**TASK REQUIREMENTS:**
Using the entries below, copy exactly each line from the line with "Series: Bathroom Accessories" up to and including the line with "E27 - 105W max H200 mm max (except model 4)", with every picture left out.

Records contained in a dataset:

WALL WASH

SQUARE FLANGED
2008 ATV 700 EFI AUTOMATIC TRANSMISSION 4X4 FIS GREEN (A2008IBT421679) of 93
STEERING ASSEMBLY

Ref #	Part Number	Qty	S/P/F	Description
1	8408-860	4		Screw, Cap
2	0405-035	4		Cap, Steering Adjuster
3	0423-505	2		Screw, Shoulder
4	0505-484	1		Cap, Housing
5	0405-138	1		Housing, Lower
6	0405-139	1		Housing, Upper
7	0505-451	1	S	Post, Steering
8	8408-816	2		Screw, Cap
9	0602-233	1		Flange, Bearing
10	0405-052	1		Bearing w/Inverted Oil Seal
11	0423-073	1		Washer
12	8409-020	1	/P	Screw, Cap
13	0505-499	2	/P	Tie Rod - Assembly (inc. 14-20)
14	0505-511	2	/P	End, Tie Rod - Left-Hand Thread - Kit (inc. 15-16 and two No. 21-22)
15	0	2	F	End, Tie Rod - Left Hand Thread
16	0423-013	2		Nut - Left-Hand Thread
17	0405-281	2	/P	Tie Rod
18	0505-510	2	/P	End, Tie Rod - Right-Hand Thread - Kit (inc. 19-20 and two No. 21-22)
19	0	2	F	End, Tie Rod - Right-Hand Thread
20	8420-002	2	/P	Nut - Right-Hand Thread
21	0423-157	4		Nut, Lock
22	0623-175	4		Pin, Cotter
* * *
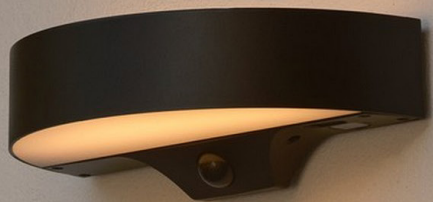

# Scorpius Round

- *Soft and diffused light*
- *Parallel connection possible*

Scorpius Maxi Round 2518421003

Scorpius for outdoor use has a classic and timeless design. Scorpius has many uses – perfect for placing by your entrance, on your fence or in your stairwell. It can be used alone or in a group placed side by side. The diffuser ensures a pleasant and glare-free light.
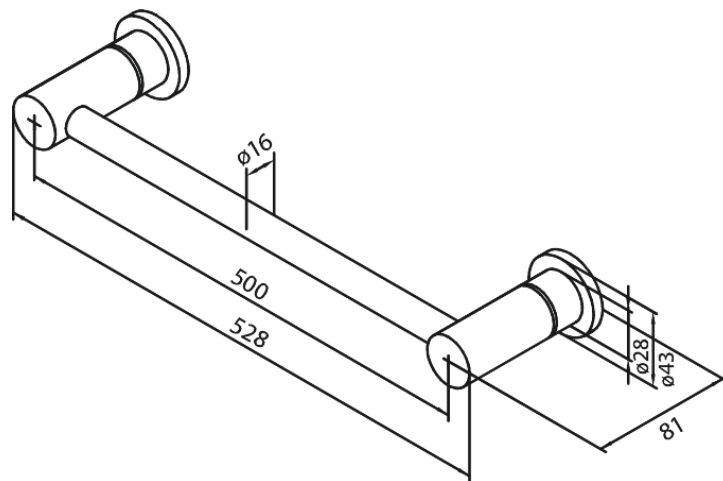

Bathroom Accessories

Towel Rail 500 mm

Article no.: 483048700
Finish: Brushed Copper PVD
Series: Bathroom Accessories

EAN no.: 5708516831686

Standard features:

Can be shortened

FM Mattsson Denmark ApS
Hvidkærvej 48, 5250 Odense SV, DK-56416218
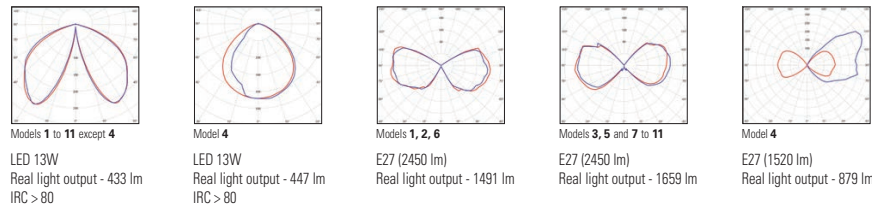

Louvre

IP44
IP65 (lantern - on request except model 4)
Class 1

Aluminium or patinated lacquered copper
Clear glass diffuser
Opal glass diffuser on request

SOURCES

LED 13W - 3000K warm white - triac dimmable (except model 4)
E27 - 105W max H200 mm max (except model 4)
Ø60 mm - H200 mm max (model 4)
==
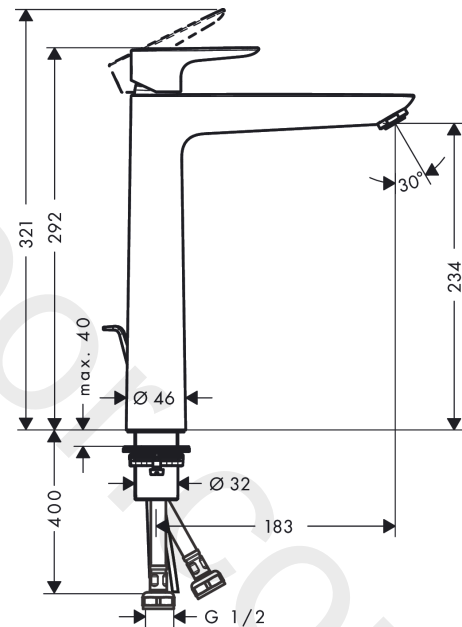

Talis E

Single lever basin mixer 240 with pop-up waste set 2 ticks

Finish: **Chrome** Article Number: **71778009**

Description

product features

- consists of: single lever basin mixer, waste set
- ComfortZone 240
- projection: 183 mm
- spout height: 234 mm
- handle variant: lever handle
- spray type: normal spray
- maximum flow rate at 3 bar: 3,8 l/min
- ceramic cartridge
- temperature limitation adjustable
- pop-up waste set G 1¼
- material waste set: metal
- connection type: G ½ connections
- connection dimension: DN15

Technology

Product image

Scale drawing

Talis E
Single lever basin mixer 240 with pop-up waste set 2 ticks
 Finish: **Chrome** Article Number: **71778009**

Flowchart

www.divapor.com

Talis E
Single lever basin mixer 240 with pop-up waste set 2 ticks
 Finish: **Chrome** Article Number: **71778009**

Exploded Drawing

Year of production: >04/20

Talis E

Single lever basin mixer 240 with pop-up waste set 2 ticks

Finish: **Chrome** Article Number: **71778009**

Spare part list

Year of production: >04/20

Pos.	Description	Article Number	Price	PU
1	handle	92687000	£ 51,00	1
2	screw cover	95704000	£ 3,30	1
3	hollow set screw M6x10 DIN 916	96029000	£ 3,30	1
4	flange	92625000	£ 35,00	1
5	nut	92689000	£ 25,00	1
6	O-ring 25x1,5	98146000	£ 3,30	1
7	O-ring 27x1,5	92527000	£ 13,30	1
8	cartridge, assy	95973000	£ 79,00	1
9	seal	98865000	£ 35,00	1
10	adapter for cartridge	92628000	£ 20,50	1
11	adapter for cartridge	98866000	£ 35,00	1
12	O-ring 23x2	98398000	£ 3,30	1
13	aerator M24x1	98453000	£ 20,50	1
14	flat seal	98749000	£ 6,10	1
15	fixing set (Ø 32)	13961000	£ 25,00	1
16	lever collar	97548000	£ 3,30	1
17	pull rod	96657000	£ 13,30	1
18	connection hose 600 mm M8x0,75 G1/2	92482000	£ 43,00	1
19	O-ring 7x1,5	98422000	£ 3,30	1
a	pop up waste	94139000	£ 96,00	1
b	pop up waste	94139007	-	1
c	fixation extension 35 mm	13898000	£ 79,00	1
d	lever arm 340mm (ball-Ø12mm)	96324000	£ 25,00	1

**OUTPUT FOR THIS EXERCISE:**
Series: Bathroom Accessories

EAN no.: 5708516831686

Standard features:

Can be shortened

FM Mattsson Denmark ApS
Hvidkærvej 48, 5250 Odense SV, DK-56416218

Louvre

IP44
IP65 (lantern - on request except model 4)
Class 1

Aluminium or patinated lacquered copper
Clear glass diffuser
Opal glass diffuser on request

SOURCES

LED 13W - 3000K warm white - triac dimmable (except model 4)
E27 - 105W max H200 mm max (except model 4)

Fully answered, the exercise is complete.